How is it possible for five parties to incur $4,435,050.18 of costs essentially on a four day application hearing for the opinion, advice and direction of the court? How is it possible that the majority of those costs would be incurred by two estate trustees? According to Justice Brown in his recent costs endorsement in Kaptyn v. Kaptyn the recipe is one part deafness, and one part unreasonableness.  In 2008, the Kaptyn estate had been embroiled in a two-week will challenge trial. The judge presiding over that trial, Justice Lederer, had made findings about the testator’s general intent in structuring his estate.  However, Justice Brown found that the estate trustees, Henry and Simon Kaptyn, “were deaf to the findings made by Lederer J.”  Instead they proceeded to pose questions to the court that had already effectively been answered. Furthermore, the estate trustees adhered to unreasonable positions. In so doing, the estate trustees put their own self-interest ahead of their fiduciary duty to the estate. Justice Brown found that the estate was not to bear responsibility for costs incurred in this fashion.

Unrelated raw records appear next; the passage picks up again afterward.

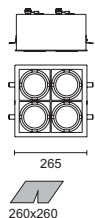

Mini-Multigimbalo Trim TC-L

1. **5460** 2x7W E27 PAR 20 Halogen +
   - **5461** 2x35W E27 PAR 20 (CDM-R) Metal halide ** +
   - **5463** 2x35/70W G8.5 CDM-TC (Spot Light 15°) ** +
   - **5464** 2x35/70W G8.5 CDM-TC (Flood Light 55°) ** +
2. + 2x36W 2G11 TC-L Fluorescent ***
3. IP23 Ⓢ Ⓡ Ⓢ Ⓢ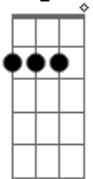

# Arthur Valladão - Inquilino

tom:

Intro: **Bm** **Gbm** **G**  
**Bm** **Gbm** **G** **Bb**

**Bm** **Gbm** **G**  
 Ah, meu caro amigo, eu entendo que parece

**Bm** **Gbm** **G** **Bb**  
 Ser infinito esse teu sofrimento, é

© ukulele-chords.com

**B**

© ukulele-chords.com

**Em**

© ukulele-chords.com

**D**

© ukulele-chords.com

**Gb**

In a scathing indictment of the estate trustees’ conduct, Justice Brown took the costs of $1,639,700.43 sought by Henry, and the costs of $1,164,082.80 sought by Simon, and reduced each to $350,000.00.  To add to the sting, he ordered that these costs were not to be paid until all other liabilities of the estate were paid and until the estate transferred to the grandchildren the gifts the testator had made to them. The costs conditions were rather extraordinary as Justice Brown acknowledges. Yet they accorded with what he saw to be a judge’s duty to require litigants “to reflect carefully on decisions issued by the court and to bring good faith and common sense to the implementation of those decisions.”  This he considers to be particularly important due to the scarcity of judicial resources:  “Litigious families like the Kaptyns cannot reasonably expect that unlimited judicial resources are available to devote to their internecine quarrels.”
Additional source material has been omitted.